Uno de los temas de las cultura aragonesa es la despoblación. Está en la música, desde José Antonio Labordeta a Más Birras. La desaparición de una forma de vida va de Imán de Sender a La lluvia amarilla de Julio Llamazares, pasando por la literatura de Jesús Moncada. Vicente Pinilla y Fernando Collantes publicaron Peaceful Surrender, sobre la pérdida de población rural a lo largo del siglo XX. En los últimos años ha recobrado fuerza gracias a La España vacía de Sergio del Molino. Una versión quejumbrosa prefiere la España vaciada, que permite echarle la culpa a alguien.

En los últimos tiempos la discusión ha ocupado un lugar central, por razones de competición electoral y porque los temas de una cultura son cíclicos. Obedece a una realidad demográfica y geográfica, a una exigencia de servicios, a una preocupación existencial. El problema no son ya los pueblos pequeños, donde es difícil que las ayudas consigan que la gente siga en el territorio, como leíamos ayer sobre el Plan Miner. Ahora el temor se extiende también a localidades de tamaño medio. Hace unos años pensábamos en el trabajo a distancia, pero ahora nos fijamos en la tendencia del talento y la innovación a concentrarse.

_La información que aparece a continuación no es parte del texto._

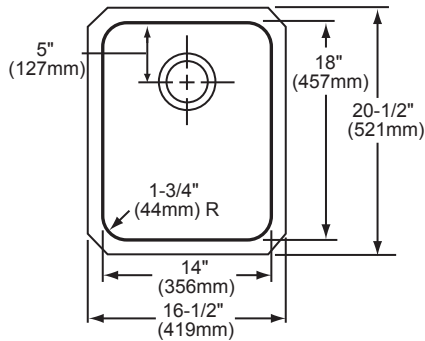

Gourmet Undermount Single Bowl Sink Model ELUH1418 Series

ELKAY® SPECIFICATIONS

SINK DIMENSIONS*

| Model Number | Overall | | Inside Bowl | | | Cutout in Countertop | Minimum Cabinet Size |
|--------------|-------------------|-------------------|---------------|---------------|------------------|----------------------|----------------------|
| | L | W | L | W | D | | |
| ELUH1418 | 16 1/2 (419mm) | 20 1/2 (521mm) | 14 (356mm) | 18 (457mm) | 7 7/8 (200mm) | See Template** | 21 (533mm) |
| ELUH141810 | 16 1/2 (419mm) | 20 1/2 (521mm) | 14 (356mm) | 18 (457mm) | 10 (254mm) | | 21 (533mm) |

*Length is left to right. Width is front to back.

**Template #1000001307 is packed with every sink.

ELUH1418

ELUH141810

In keeping with our policy of continuing product improvement, Elkay reserves the right to change product specifications without notice. Please visit elkay.com for the most current version of Elkay product specification sheets.
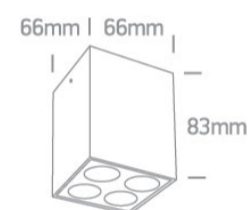

New 2022 Edition 3>Wall and Ceiling LED

12110HB/W/W

10W Dark light surface ceiling spot, IP20.

Complete with 700mA driver.

Complies with standard EN60598-1 and any other specific standards.

Downloads

Dimensions

Physical Specification

Item Group	New 2022 Edition 3
Family	Wall and Ceiling LED
Order Code	12110HB/W/W
Colour	White
Material	Aluminium
Shape	Rectangular
Length	66mm
Width	66mm
Height	83mm
Recessed Ceiling	Yes
Indoor	Yes
Adjustable	No

Illumination Data

Colour Temperature	3000K
Lumen Output	700lm
Light Efficiency	70lm/W
CRI	90
Beam Angle	38°
Illumination Diagram	
Dark Light	Yes

Packing Info

Pcs/Carton	30
Barcode	5291889074717
HS Code	9405413990

En Aragón todavía es fuerte el vínculo con los pueblos; diría que en nuestro país aún no se ha producido esa desconexión. Pero varios estudiosos han apuntado a un vínculo entre la densidad de población, la urbanización y los brotes de nacionalpopulismo. Will Wilkinson ha escrito sobre La divisoria de la densidad, donde explica que la urbanización «es una fuerza constante que transforma sociedades enteras y, en el proceso, genera polarización política y cultural siguiendo los incentivos que atraen a la gente a la ciudad».

El geógrafo francés Christophe Guilluy acuñó el concepto de Francia periférica, que opone las localidades pequeñas y medianas a las metrópolis. En el reciente No society expande la idea a otros países. La clase obrera, o lo que queda de ella, ya no puede permitirse vivir en los lugares de mayor actividad económica. «Es un regreso a la Edad Media, con ciudadelas cada vez más cerradas, con una nueva burguesía, una burguesía cool. Se protegen tras un muro de dinero y prestigio cultural. Según Guilluy, una retórica progresista se emplea para acallar las reivindicaciones de la clase trabajadora. Para el autor, dinámicas parecidas operan en el Brexit, la elección de Trump o las protestas de los chalecos amarillos en Francia. No hace falta aceptar todas las ideas de estos autores para reconocer la importancia de esa divisoria.